== Problem to solve ==
Which lines of the entries contain the string "Stick"? Please find them and copy them.
--------------------------------------------------
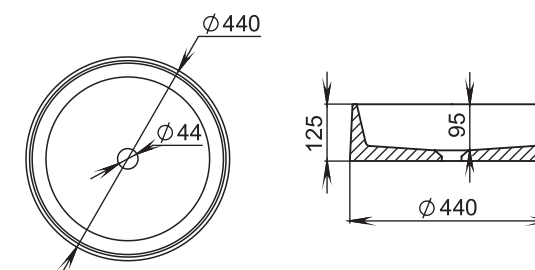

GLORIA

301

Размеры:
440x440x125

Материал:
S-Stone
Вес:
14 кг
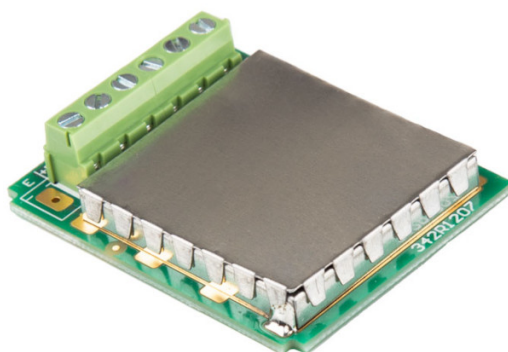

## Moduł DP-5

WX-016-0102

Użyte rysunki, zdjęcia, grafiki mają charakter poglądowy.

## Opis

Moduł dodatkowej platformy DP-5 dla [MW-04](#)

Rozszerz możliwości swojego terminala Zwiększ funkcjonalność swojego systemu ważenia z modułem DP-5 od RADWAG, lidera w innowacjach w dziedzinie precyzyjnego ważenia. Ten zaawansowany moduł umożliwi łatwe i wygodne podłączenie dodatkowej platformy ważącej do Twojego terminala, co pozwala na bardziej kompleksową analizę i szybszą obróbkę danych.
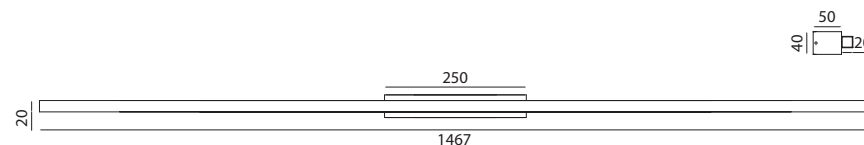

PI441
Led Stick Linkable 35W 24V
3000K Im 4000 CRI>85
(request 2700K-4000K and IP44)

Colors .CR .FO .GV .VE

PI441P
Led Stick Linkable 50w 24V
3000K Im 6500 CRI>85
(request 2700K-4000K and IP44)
--------------------------------------------------
== Exercise answer ==
Led Stick Linkable 35W 24V
Led Stick Linkable 50w 24V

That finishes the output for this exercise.